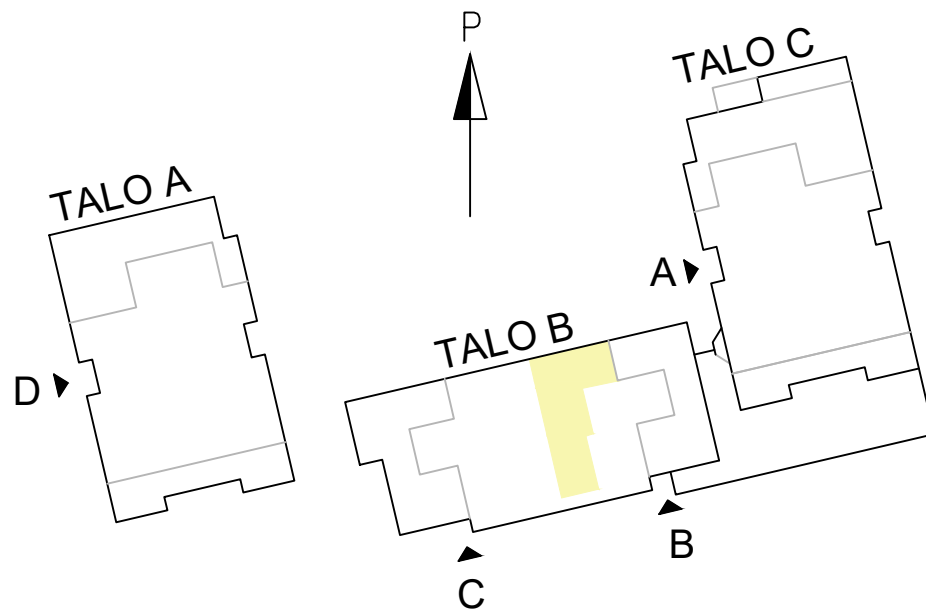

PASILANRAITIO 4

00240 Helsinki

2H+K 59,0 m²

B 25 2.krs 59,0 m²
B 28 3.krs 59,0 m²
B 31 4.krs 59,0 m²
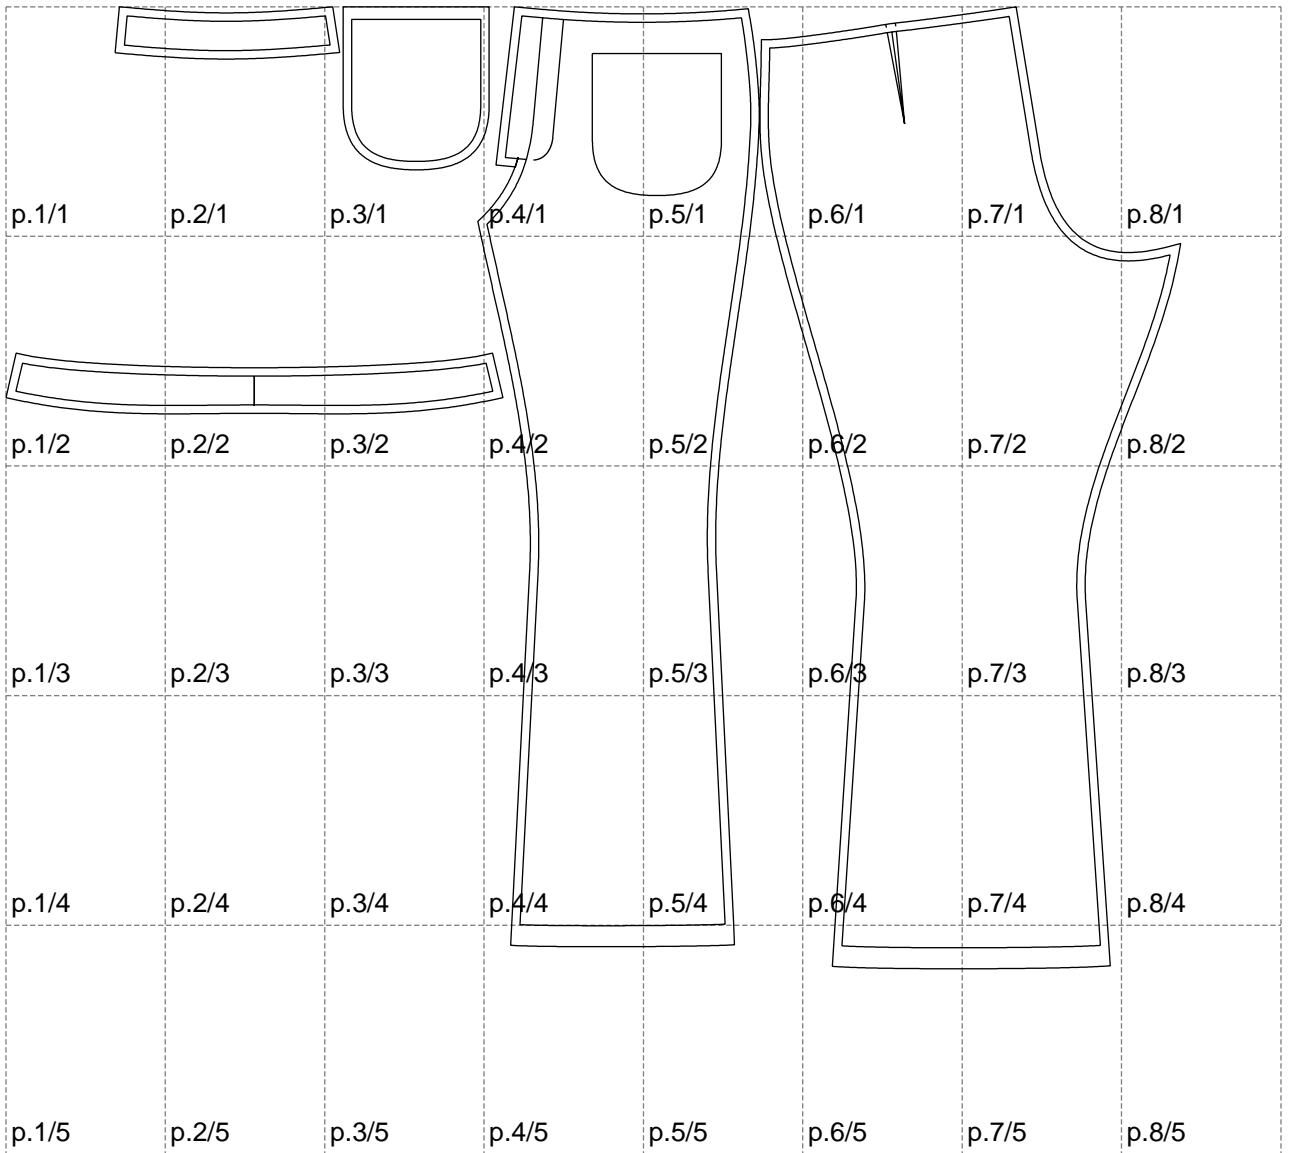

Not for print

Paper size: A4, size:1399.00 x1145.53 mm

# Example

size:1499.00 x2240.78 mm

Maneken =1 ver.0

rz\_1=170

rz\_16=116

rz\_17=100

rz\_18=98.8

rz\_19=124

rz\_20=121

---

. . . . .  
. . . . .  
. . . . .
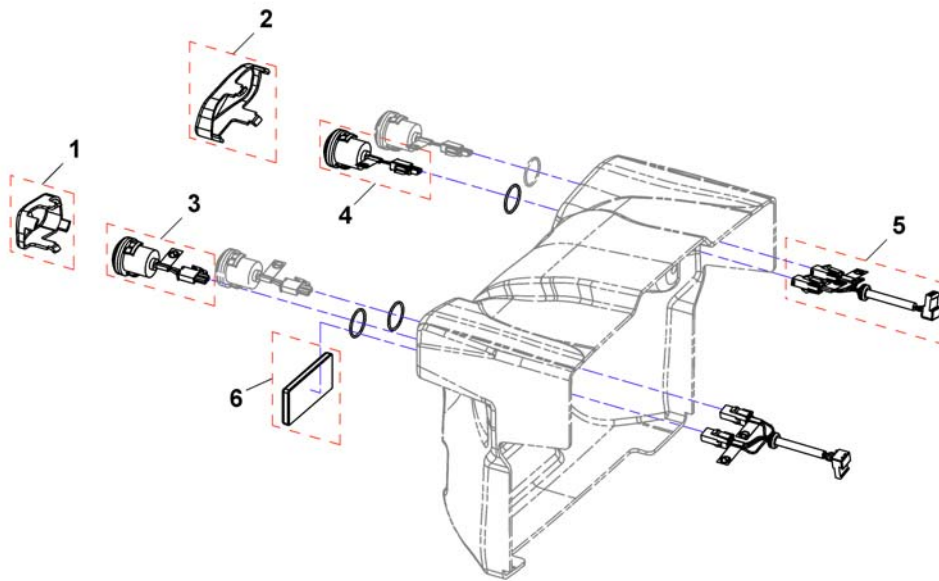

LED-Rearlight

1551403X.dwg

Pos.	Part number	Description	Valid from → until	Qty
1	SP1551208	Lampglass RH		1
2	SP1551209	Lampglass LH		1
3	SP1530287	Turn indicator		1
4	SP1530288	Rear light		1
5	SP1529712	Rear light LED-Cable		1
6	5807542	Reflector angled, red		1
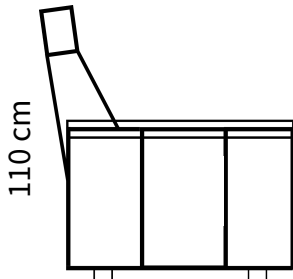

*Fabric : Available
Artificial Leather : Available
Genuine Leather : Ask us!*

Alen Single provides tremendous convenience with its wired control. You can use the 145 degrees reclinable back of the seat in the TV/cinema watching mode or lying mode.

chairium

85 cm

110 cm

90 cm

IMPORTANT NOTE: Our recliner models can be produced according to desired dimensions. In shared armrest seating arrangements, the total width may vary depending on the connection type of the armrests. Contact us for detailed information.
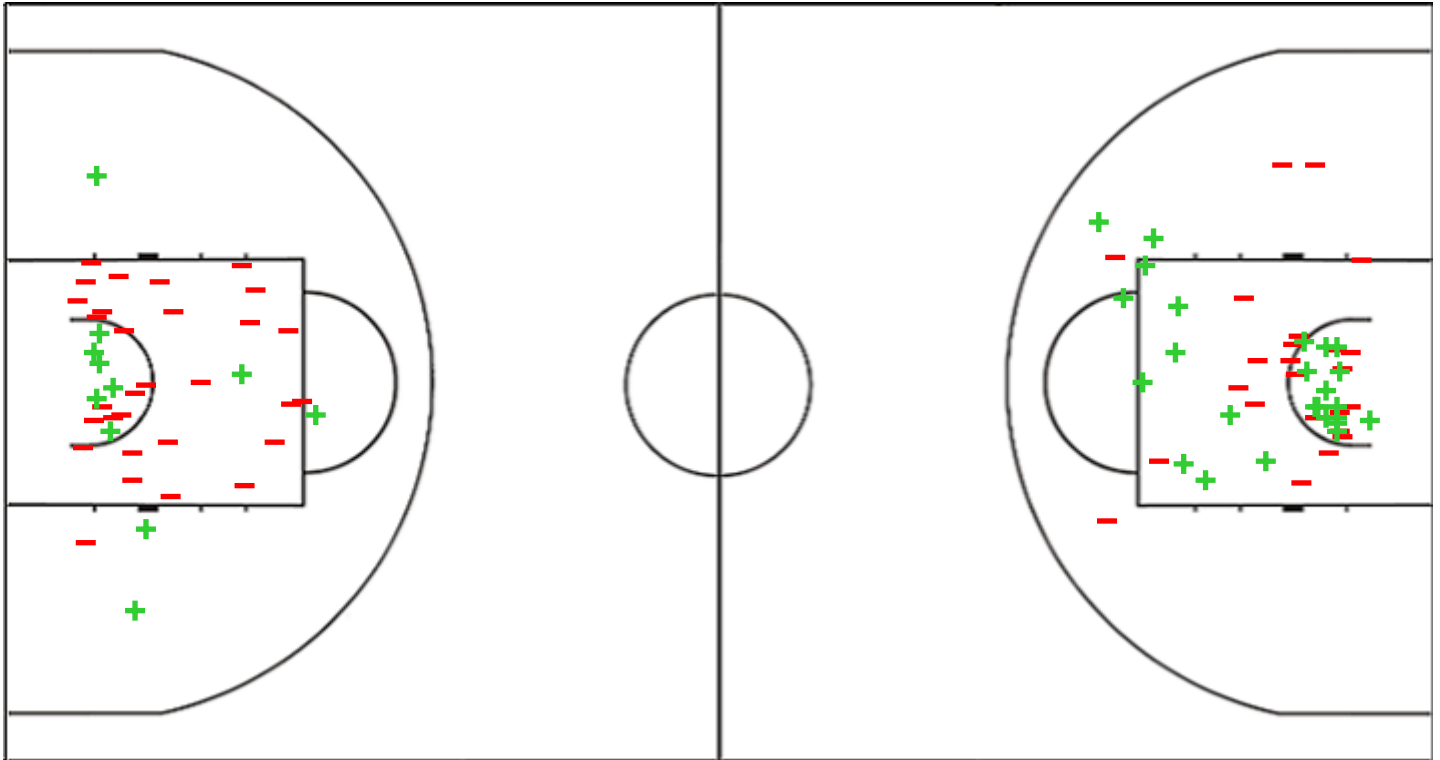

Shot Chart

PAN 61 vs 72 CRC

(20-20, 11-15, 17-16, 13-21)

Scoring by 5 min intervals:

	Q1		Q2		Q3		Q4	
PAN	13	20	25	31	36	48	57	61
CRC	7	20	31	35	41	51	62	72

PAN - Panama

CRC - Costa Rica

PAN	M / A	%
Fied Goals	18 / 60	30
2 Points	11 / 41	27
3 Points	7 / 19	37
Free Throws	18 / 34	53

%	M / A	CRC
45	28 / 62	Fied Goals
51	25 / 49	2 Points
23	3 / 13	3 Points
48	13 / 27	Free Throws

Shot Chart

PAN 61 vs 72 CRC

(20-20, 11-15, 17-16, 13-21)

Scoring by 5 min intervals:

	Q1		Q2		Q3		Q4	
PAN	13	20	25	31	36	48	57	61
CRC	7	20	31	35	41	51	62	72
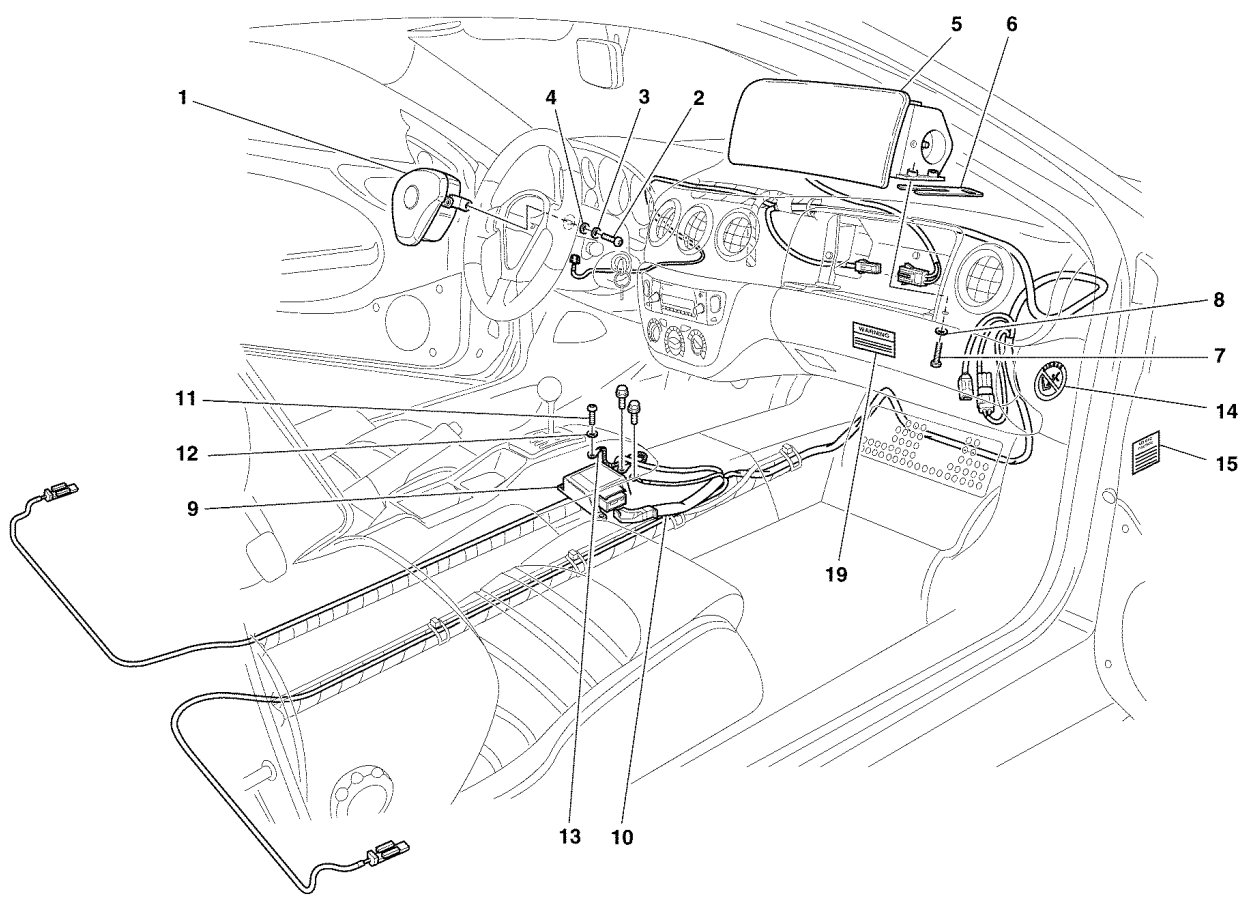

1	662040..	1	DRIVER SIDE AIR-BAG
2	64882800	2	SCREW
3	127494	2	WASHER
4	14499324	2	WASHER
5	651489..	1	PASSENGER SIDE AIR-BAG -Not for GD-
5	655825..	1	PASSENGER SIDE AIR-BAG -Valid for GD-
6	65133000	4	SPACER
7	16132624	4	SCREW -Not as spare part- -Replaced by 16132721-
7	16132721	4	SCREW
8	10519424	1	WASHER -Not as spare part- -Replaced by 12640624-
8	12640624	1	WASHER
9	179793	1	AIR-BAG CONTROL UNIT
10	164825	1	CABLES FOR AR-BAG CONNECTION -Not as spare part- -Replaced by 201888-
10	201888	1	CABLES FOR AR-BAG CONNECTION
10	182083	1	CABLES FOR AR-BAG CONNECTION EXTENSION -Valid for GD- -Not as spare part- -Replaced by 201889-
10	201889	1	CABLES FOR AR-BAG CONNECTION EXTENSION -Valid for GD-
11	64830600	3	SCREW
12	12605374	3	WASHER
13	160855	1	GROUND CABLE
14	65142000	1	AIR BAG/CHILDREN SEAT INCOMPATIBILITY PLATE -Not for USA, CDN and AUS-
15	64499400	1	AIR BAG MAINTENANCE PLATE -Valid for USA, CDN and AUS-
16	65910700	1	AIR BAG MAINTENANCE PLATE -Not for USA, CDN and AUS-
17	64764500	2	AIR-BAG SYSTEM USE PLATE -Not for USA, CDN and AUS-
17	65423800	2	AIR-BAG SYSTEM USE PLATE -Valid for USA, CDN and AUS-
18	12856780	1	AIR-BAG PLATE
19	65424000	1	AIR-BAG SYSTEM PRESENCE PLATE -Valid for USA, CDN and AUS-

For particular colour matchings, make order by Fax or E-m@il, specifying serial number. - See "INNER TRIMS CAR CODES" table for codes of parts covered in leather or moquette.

* _Goal of the exercise_:
Print the listing exactly, minus any pictures.

* _Your solution_:
PASILANRAITIO 4

00240 Helsinki

2H+K 59,0 m²

B 25 2.krs 59,0 m²
B 28 3.krs 59,0 m²
B 31 4.krs 59,0 m²

Not for print

Paper size: A4, size:1399.00 x1145.53 mm

# Example

size:1499.00 x2240.78 mm

Maneken =1 ver.0

rz\_1=170

rz\_16=116

rz\_17=100

rz\_18=98.8

rz\_19=124

rz\_20=121

---

. . . . .  
. . . . .  
. . . . .

LED-Rearlight

1551403X.dwg

Pos.	Part number	Description	Valid from → until	Qty
1	SP1551208	Lampglass RH		1
2	SP1551209	Lampglass LH		1
3	SP1530287	Turn indicator		1
4	SP1530288	Rear light		1
5	SP1529712	Rear light LED-Cable		1
6	5807542	Reflector angled, red		1

*Fabric : Available
Artificial Leather : Available
Genuine Leather : Ask us!*

Alen Single provides tremendous convenience with its wired control. You can use the 145 degrees reclinable back of the seat in the TV/cinema watching mode or lying mode.

chairium

85 cm

110 cm

90 cm

IMPORTANT NOTE: Our recliner models can be produced according to desired dimensions. In shared armrest seating arrangements, the total width may vary depending on the connection type of the armrests. Contact us for detailed information.

Shot Chart

PAN 61 vs 72 CRC

(20-20, 11-15, 17-16, 13-21)

Scoring by 5 min intervals:

	Q1		Q2		Q3		Q4	
PAN	13	20	25	31	36	48	57	61
CRC	7	20	31	35	41	51	62	72

PAN - Panama

CRC - Costa Rica

PAN	M / A	%
Fied Goals	18 / 60	30
2 Points	11 / 41	27
3 Points	7 / 19	37
Free Throws	18 / 34	53

%	M / A	CRC
45	28 / 62	Fied Goals
51	25 / 49	2 Points
23	3 / 13	3 Points
48	13 / 27	Free Throws

Shot Chart

PAN 61 vs 72 CRC

(20-20, 11-15, 17-16, 13-21)

Scoring by 5 min intervals:

	Q1		Q2		Q3		Q4	
PAN	13	20	25	31	36	48	57	61
CRC	7	20	31	35	41	51	62	72

1	662040..	1	DRIVER SIDE AIR-BAG
2	64882800	2	SCREW
3	127494	2	WASHER
4	14499324	2	WASHER
5	651489..	1	PASSENGER SIDE AIR-BAG -Not for GD-
5	655825..	1	PASSENGER SIDE AIR-BAG -Valid for GD-
6	65133000	4	SPACER
7	16132624	4	SCREW -Not as spare part- -Replaced by 16132721-
7	16132721	4	SCREW
8	10519424	1	WASHER -Not as spare part- -Replaced by 12640624-
8	12640624	1	WASHER
9	179793	1	AIR-BAG CONTROL UNIT
10	164825	1	CABLES FOR AR-BAG CONNECTION -Not as spare part- -Replaced by 201888-
10	201888	1	CABLES FOR AR-BAG CONNECTION
10	182083	1	CABLES FOR AR-BAG CONNECTION EXTENSION -Valid for GD- -Not as spare part- -Replaced by 201889-
10	201889	1	CABLES FOR AR-BAG CONNECTION EXTENSION -Valid for GD-
11	64830600	3	SCREW
12	12605374	3	WASHER
13	160855	1	GROUND CABLE
14	65142000	1	AIR BAG/CHILDREN SEAT INCOMPATIBILITY PLATE -Not for USA, CDN and AUS-
15	64499400	1	AIR BAG MAINTENANCE PLATE -Valid for USA, CDN and AUS-
16	65910700	1	AIR BAG MAINTENANCE PLATE -Not for USA, CDN and AUS-
17	64764500	2	AIR-BAG SYSTEM USE PLATE -Not for USA, CDN and AUS-
17	65423800	2	AIR-BAG SYSTEM USE PLATE -Valid for USA, CDN and AUS-
18	12856780	1	AIR-BAG PLATE
19	65424000	1	AIR-BAG SYSTEM PRESENCE PLATE -Valid for USA, CDN and AUS-

For particular colour matchings, make order by Fax or E-m@il, specifying serial number. - See "INNER TRIMS CAR CODES" table for codes of parts covered in leather or moquette.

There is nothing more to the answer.